(What the exercise asks): State how many lines of the entries below hold the word "MARKPROFIL"; reply with nothing but the number.

(Dataset records):
:::::
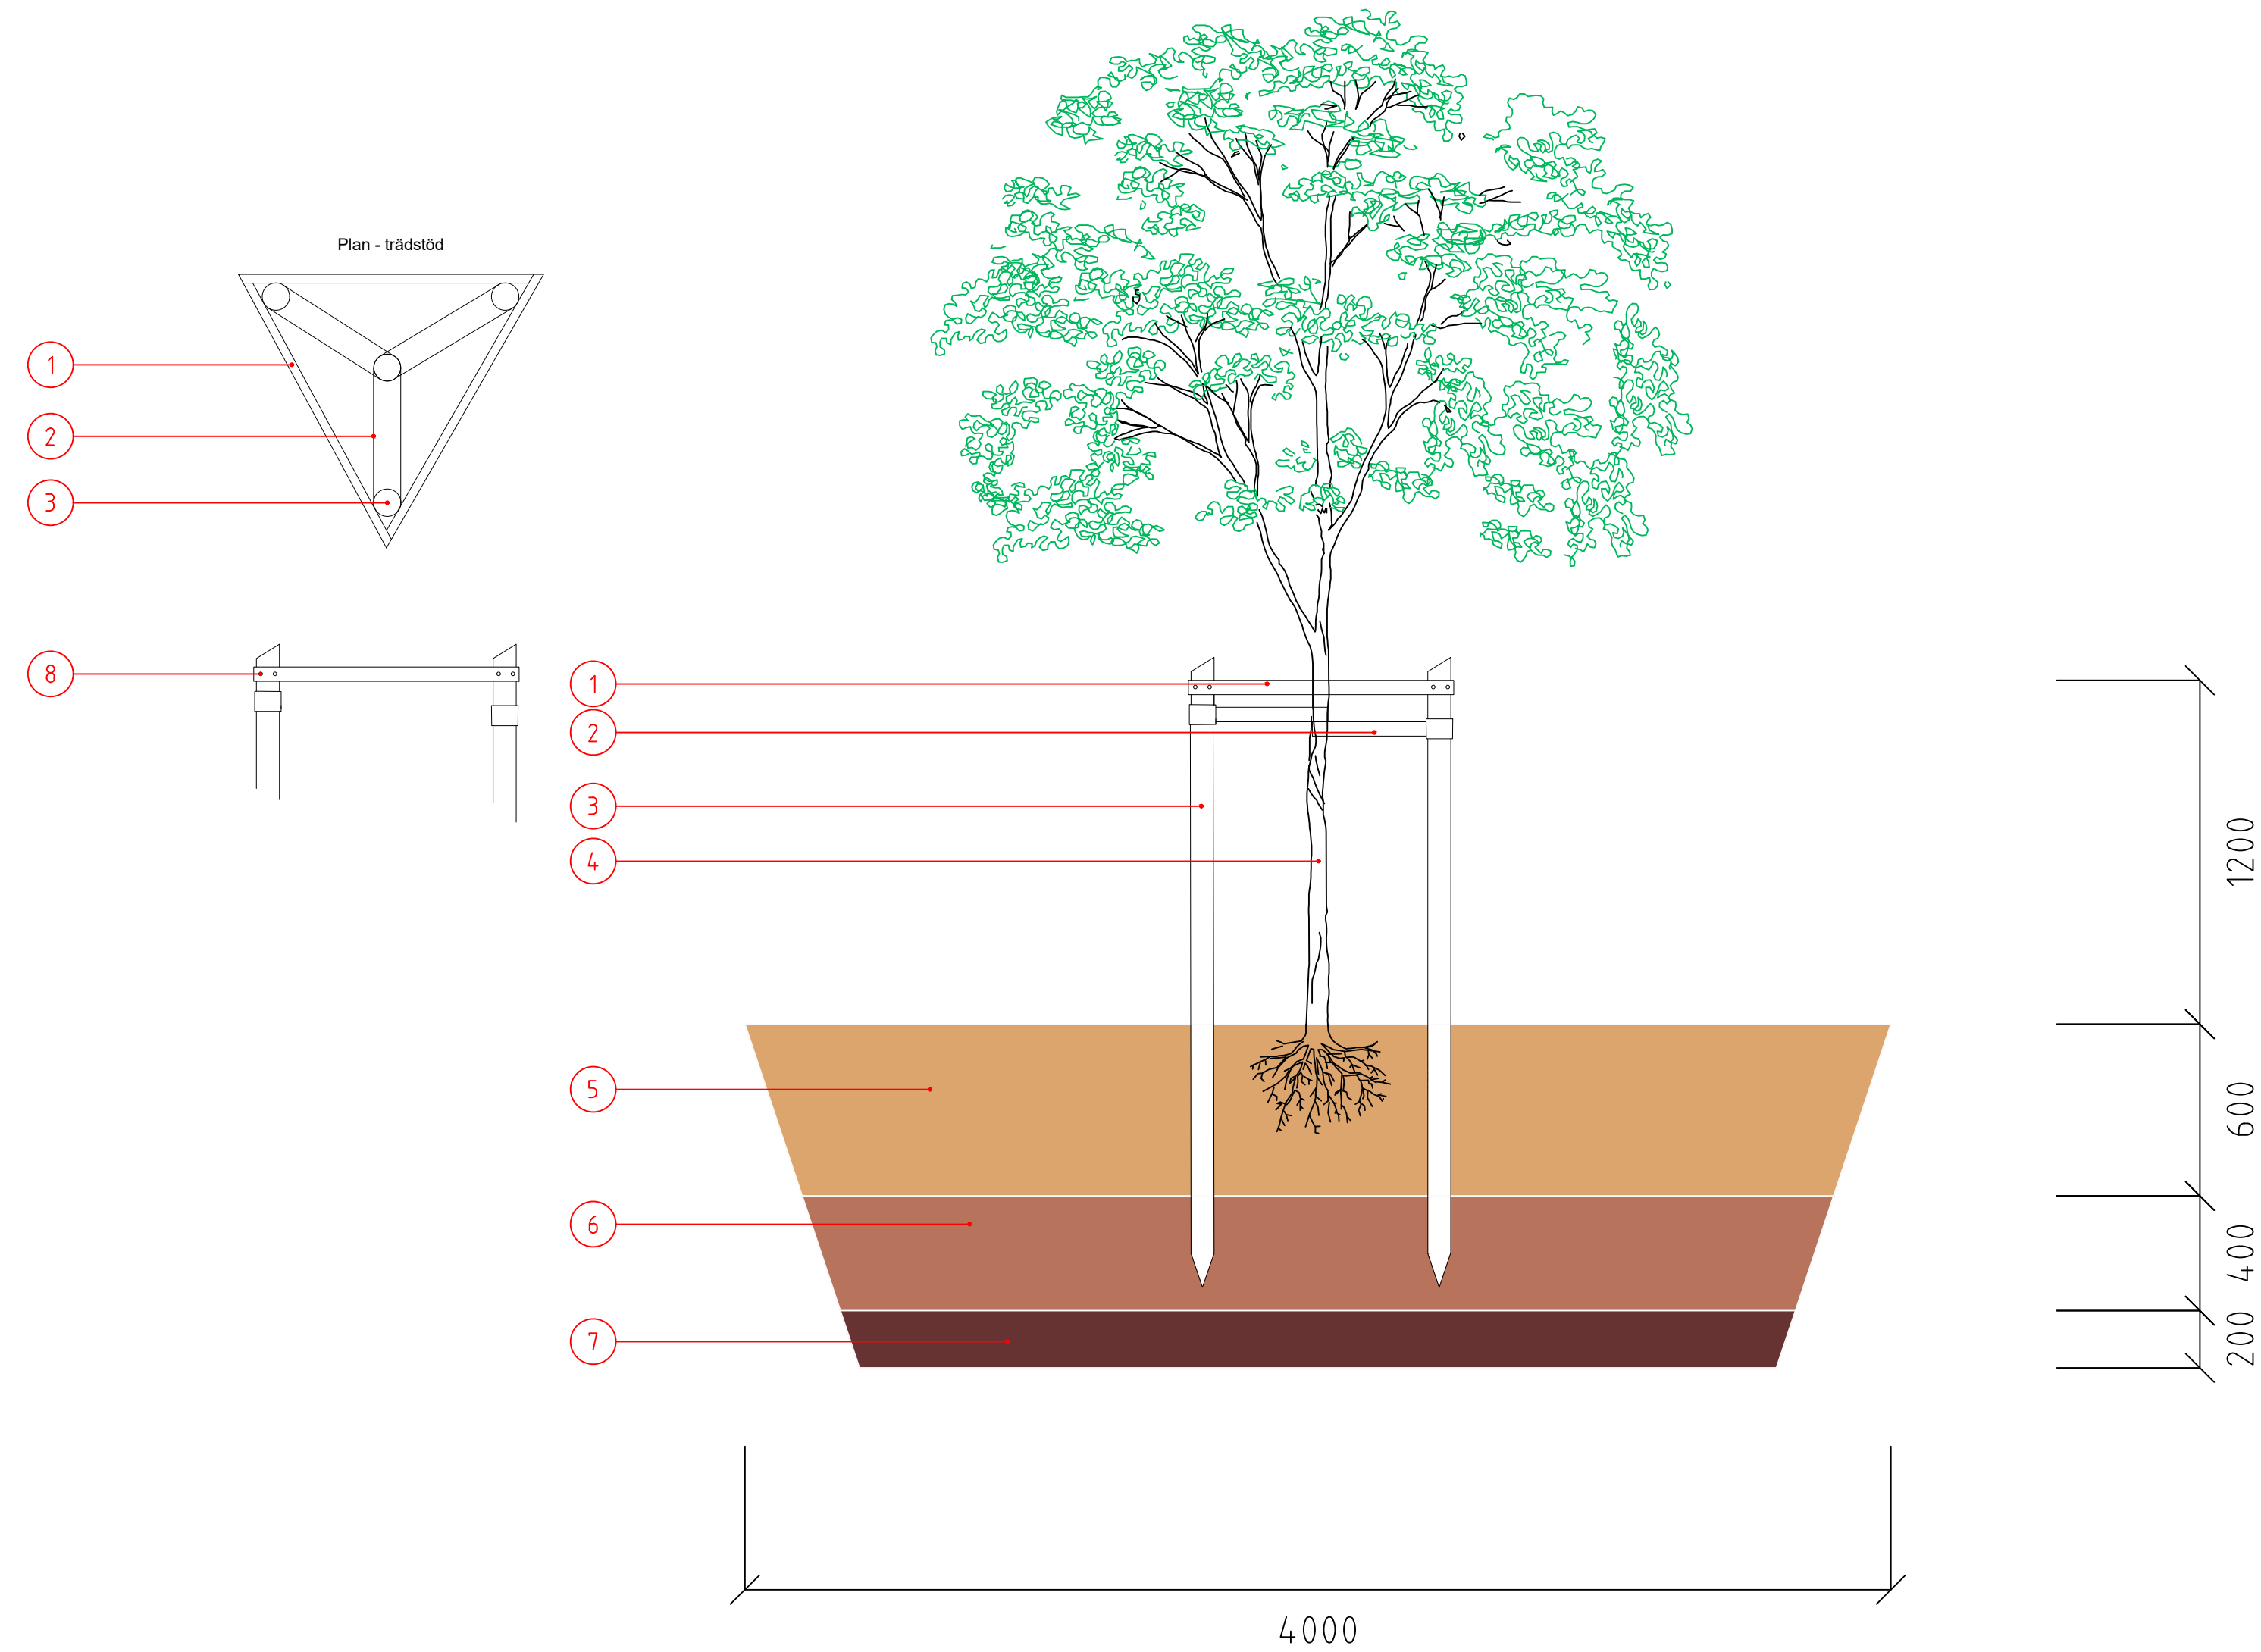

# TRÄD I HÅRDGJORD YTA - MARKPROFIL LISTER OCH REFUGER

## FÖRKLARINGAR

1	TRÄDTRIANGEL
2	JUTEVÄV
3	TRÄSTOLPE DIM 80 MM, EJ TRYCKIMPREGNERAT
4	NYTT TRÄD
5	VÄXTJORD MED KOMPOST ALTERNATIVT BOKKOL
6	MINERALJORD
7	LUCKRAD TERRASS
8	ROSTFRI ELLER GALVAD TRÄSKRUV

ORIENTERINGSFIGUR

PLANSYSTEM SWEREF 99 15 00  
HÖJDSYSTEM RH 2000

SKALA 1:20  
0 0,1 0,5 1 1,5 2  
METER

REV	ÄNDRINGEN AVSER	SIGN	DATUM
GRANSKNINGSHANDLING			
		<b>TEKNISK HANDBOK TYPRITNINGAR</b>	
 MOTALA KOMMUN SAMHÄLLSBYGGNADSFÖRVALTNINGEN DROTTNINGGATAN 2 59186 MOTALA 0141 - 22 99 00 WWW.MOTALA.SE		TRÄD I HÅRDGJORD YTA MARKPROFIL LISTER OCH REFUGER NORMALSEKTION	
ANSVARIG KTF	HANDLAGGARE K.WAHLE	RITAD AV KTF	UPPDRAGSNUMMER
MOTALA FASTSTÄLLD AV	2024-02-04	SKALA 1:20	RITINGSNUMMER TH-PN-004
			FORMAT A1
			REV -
:::::
(Your response): 2